From the data that follows, copy every line holding the string "PowderRain".

RECORDS PROVIDED:
· · · · · · ·
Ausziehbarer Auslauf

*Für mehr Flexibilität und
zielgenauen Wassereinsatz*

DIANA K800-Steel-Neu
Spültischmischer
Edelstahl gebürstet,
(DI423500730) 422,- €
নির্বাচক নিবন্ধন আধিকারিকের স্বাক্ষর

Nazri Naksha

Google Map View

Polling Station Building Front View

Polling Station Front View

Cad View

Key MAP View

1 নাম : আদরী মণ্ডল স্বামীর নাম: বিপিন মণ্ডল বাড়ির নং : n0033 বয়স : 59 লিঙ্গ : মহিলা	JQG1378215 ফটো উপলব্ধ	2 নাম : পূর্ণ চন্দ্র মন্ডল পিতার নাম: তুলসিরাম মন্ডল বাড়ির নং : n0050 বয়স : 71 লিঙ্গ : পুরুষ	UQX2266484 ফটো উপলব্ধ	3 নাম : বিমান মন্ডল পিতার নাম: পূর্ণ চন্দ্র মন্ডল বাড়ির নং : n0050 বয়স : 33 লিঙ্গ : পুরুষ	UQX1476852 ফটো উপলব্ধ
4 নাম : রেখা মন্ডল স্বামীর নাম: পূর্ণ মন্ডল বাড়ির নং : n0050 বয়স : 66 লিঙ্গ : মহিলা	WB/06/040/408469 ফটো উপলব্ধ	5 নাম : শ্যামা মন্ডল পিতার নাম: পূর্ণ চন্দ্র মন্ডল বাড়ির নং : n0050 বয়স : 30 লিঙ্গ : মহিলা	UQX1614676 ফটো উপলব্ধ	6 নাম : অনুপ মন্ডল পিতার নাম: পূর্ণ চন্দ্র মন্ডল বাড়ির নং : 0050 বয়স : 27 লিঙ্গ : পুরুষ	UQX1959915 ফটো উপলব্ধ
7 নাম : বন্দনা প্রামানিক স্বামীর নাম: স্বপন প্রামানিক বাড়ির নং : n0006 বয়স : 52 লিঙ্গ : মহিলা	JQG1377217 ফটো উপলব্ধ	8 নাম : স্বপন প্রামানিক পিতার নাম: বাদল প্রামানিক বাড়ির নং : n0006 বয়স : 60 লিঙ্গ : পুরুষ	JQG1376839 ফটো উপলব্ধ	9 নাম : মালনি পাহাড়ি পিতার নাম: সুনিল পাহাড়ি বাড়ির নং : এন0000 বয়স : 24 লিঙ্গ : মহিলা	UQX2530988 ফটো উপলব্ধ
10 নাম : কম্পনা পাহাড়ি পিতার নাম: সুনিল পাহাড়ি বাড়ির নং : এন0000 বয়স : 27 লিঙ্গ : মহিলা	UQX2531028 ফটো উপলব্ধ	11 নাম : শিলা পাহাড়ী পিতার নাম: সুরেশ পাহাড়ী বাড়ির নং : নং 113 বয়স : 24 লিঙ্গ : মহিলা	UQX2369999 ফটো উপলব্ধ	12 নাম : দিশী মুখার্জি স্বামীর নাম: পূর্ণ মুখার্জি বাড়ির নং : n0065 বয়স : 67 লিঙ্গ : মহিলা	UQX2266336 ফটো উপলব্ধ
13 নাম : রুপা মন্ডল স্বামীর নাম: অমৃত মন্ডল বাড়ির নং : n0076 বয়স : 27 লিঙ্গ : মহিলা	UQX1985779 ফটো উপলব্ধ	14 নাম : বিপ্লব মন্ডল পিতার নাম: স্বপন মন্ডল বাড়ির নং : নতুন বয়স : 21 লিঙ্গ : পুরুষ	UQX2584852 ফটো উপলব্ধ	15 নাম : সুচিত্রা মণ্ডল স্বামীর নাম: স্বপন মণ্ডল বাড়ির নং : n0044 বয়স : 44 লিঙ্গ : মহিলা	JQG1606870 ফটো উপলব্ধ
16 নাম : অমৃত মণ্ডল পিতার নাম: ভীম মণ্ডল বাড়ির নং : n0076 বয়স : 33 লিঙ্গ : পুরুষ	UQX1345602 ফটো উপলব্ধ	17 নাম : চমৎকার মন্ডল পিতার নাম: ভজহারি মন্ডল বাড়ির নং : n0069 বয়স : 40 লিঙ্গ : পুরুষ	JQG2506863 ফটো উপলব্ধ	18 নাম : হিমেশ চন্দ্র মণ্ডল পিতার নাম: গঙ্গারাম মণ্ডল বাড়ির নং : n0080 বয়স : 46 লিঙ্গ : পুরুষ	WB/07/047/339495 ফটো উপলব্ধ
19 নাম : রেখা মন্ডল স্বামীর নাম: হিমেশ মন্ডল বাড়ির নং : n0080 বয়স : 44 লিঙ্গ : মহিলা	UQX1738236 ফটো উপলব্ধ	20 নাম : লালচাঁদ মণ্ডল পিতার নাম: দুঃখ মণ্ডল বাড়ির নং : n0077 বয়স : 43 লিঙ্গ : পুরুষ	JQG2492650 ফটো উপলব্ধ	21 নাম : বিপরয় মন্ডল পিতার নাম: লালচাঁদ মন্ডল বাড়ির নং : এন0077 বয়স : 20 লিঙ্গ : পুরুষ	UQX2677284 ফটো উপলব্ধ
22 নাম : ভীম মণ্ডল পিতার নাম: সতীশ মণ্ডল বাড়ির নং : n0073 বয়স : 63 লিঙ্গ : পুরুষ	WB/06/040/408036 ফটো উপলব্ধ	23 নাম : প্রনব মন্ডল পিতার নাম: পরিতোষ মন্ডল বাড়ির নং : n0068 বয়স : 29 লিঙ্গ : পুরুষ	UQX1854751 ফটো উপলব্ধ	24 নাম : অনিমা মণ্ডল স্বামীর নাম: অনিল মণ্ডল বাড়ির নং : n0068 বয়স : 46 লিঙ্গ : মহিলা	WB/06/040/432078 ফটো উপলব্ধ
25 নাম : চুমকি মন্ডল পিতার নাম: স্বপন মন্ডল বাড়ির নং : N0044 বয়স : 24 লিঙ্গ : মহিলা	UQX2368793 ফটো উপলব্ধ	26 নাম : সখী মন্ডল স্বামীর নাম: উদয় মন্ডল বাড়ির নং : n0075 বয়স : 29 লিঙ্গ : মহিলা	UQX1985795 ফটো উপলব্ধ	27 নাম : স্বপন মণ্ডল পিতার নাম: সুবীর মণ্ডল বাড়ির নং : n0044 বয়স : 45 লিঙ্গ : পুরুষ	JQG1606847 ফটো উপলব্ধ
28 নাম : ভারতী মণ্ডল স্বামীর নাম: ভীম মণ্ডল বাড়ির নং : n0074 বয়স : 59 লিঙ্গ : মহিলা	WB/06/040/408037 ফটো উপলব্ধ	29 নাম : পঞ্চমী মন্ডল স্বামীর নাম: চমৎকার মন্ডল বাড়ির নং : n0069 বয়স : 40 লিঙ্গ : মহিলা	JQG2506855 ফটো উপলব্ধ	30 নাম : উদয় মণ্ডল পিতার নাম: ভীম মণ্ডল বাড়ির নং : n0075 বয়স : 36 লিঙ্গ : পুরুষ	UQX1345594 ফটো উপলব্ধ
· · · · · · ·
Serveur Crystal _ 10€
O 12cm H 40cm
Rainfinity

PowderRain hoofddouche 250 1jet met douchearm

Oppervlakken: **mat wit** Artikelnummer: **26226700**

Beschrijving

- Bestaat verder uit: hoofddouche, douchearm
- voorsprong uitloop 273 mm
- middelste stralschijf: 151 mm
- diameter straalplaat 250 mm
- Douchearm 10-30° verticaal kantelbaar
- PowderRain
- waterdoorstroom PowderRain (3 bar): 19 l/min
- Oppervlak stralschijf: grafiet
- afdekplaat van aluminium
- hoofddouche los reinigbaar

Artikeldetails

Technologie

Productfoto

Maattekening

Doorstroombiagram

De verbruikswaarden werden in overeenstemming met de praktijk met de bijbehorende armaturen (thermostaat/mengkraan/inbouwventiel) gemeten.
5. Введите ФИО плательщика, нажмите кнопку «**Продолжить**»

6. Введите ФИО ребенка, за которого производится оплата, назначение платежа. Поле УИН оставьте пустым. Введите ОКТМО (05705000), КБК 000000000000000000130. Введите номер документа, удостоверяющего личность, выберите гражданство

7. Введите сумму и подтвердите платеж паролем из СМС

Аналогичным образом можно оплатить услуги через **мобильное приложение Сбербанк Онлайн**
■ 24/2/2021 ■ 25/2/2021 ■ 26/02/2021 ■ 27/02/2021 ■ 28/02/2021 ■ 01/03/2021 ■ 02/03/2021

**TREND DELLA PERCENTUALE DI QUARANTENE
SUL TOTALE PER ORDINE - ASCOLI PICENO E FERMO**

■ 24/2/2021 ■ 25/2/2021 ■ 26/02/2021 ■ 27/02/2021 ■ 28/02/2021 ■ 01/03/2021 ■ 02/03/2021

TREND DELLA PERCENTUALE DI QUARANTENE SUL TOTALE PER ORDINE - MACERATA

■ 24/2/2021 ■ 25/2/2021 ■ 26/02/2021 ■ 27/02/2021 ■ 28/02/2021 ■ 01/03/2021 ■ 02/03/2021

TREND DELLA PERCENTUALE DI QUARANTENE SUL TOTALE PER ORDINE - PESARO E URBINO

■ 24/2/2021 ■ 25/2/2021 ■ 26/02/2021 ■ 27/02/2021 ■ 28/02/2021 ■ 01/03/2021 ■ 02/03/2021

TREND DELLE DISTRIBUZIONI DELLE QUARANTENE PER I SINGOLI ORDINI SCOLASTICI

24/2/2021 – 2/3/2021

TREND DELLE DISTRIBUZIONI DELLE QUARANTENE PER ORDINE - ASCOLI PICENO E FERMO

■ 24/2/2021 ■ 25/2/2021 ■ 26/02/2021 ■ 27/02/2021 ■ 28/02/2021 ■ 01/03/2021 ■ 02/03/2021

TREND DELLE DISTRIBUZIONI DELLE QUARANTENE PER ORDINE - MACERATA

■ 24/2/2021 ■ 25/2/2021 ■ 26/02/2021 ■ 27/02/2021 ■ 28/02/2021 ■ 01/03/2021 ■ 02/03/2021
· · · · · · ·
COMPLETED EXERCISE:
PowderRain hoofddouche 250 1jet met douchearm
- PowderRain
- waterdoorstroom PowderRain (3 bar): 19 l/min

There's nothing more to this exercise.